Exactly the lines from the one with "Attributs techniques." to the end of the entries should appear in your answer, retyped word for word.

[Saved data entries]

───

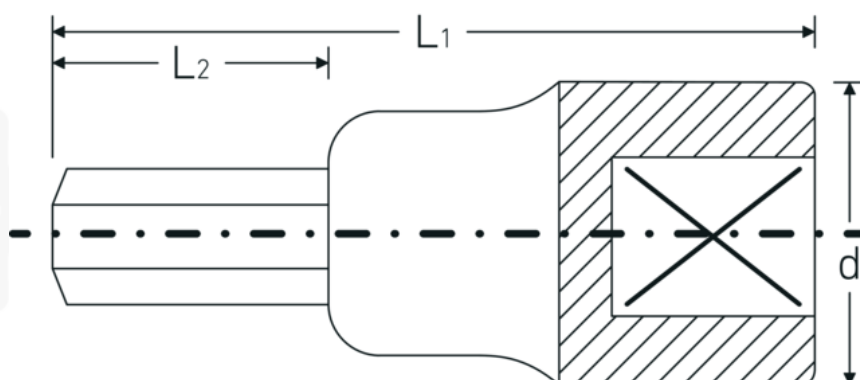

Embouts de tournevis INHEX 1/2", métrique

54

Réf. n° 03050006
GTIN 4018754006250
Modèle 54 6

Désignation.

Douille pour tournevis INHEX 1/2 " 6mm Lg.60mm

Caractéristiques.

- 6 pans
- DIN 7422
- Chrome-Alloy-Steel, chromées

Pour vis à six pans creux, DIN 7422

Outil de qualité robuste pour l'utilisateur professionnel
-Made in Germany

Dessin technique.

Attributs techniques.

Empreinte	Hexagone
Hexagone de sortie extérieur (mm)	6 mm
Carré d'entraînement intérieur (pouces)	1/2 "
d	22,7 mm
DIN	DIN 7422
L1	60 mm
L2	22 mm

Données logistiques.

Profondeur mm (IFS)	60
Largeur	23
Hauteur mm (IFS)	23
Longueur (emballé, mm)	70
Largeur (emballé, mm)	62
Hauteur (emballé, mm)	41
Volume (emballé, dm3)	0.17794 dm3
Réf. n°	03050006
Poids (brut, kg)	0,345
Poids PAP (kg)	0,000
Poids PVC (kg)	0,003
GTIN	4018754006250
Pays d'origine	GERMANY
Région d'origine	Nordrhein-Westfalen
WEEE/ElektroG	nicht ear-pflichtig
Position tarifaire	82042000
Emballage	5
Poids	71 g

───

**Result of the exercise**.
Attributs techniques.

Empreinte	Hexagone
Hexagone de sortie extérieur (mm)	6 mm
Carré d'entraînement intérieur (pouces)	1/2 "
d	22,7 mm
DIN	DIN 7422
L1	60 mm
L2	22 mm

Données logistiques.

Profondeur mm (IFS)	60
Largeur	23
Hauteur mm (IFS)	23
Longueur (emballé, mm)	70
Largeur (emballé, mm)	62
Hauteur (emballé, mm)	41
Volume (emballé, dm3)	0.17794 dm3
Réf. n°	03050006
Poids (brut, kg)	0,345
Poids PAP (kg)	0,000
Poids PVC (kg)	0,003
GTIN	4018754006250
Pays d'origine	GERMANY
Région d'origine	Nordrhein-Westfalen
WEEE/ElektroG	nicht ear-pflichtig
Position tarifaire	82042000
Emballage	5
Poids	71 g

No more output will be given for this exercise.